++++ RECORDS SUPPLIED

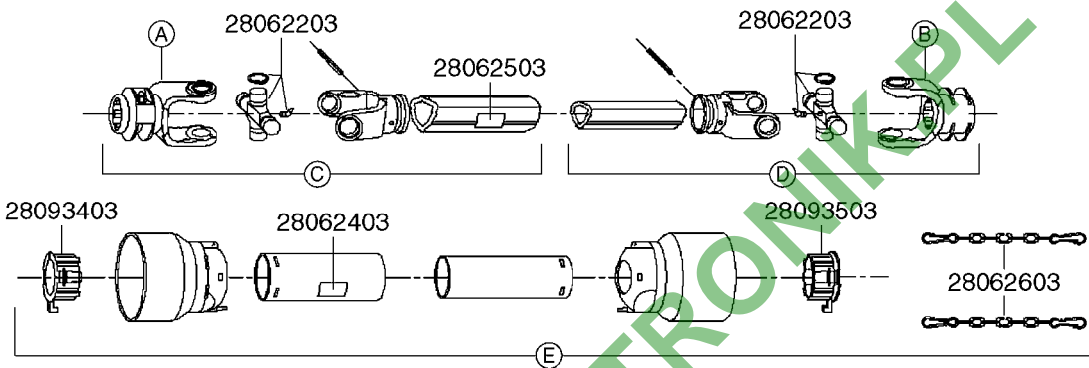

**A0520**

PTO SHAFTS - BONDIOLI CENT.  
A0520-HIN, 19:05:16

Page 1

Date 06.11.2017 10:58

parts-n°	order qty	description
289042	1	UNIV. JOINT 22x54mm
421024	1	BOLT HEX 8.8 DEL M8X60
450015	1	SCREW ALLAN 3/8'X5/8' BLACK
460143	1	NUT HEX M8X1.25 LOCK DIN985A2 SS
28009803	1	PTO PIN TUBE RETAINER OUTER
28009903	1	PTO TUBE RETAINER INNER
28010103	1	PTO YOKE F.INNER TUBE CV PTO
28021403	1	PTO 1"STR/1-3/8" 6SPL B&P
28021503	1	PTO 1"STR/1-3/8" 21SPL B&P
28021603	1	PTO 1"STR/1-3/4" 20SPL B&P
28027903	1	PTO BALL LOCK.KIT F.1-3/8 YOKE
28040503	1	UNIV. JOINT 27x74.6mm
28040703	1	SAFETY CHAIN F.CV BLACK PTO (SET OF 2)
28041803	1	DECAL DANGER GUARD MISSING
28041903	1	DECAL DANGER ROT.DRIVELINE
28056703	1	PTO YOKE #1 1-3/8" X 6 SPLINE
28056803	1	PTO YOKE #1 1-3/8" X 21 SPLINE
28056903	1	PTO YOKE #4 1-3/4" X 20 SPLINE
28057003	1	PTO TUBE YOKE #1-G1 OUTER
28057103	1	PTO TUBE YOKE #4-G4 OUTER
28057203	1	PTO PIN TUBE RETAINER OUTER
28057303	1	PTO TUBE OUTER #1 745MM
28057403	1	PTO TUBE OUTER #4 720MM
28057503	1	PTO TUBE INNER #1 745MM
28057603	1	PTO TUBE INNER #4 720MM
28057703	1	PTO TUBE RETAINER INNER
28057803	1	PTO TUBE YOKE #1 Ø=1"
28057903	1	PTO TUBE YOKE #4 Ø=1"
28058003	1	PTO HALF SAFETY SHIELD OUTER
28058103	1	PTO HALF SAFETY SHIELD OUTER
28058203	1	PTO HALF SAFETY SHIELD INNER
28058303	1	PTO HALF SAFETY SHIELD INNER
28058403	1	PTO BALL LOCK.KIT F.1-3/4 YOKE
28058503	1	PTO TUBE YOKE #1-G1 INNER

++++++++

> _INSTRUCTIONS FOR THE TASK_: All lines of the data that hold "BALL" need to be copied.

> _EXERCISE RESPONSE_:
28027903	1	PTO BALL LOCK.KIT F.1-3/8 YOKE
28058403	1	PTO BALL LOCK.KIT F.1-3/4 YOKE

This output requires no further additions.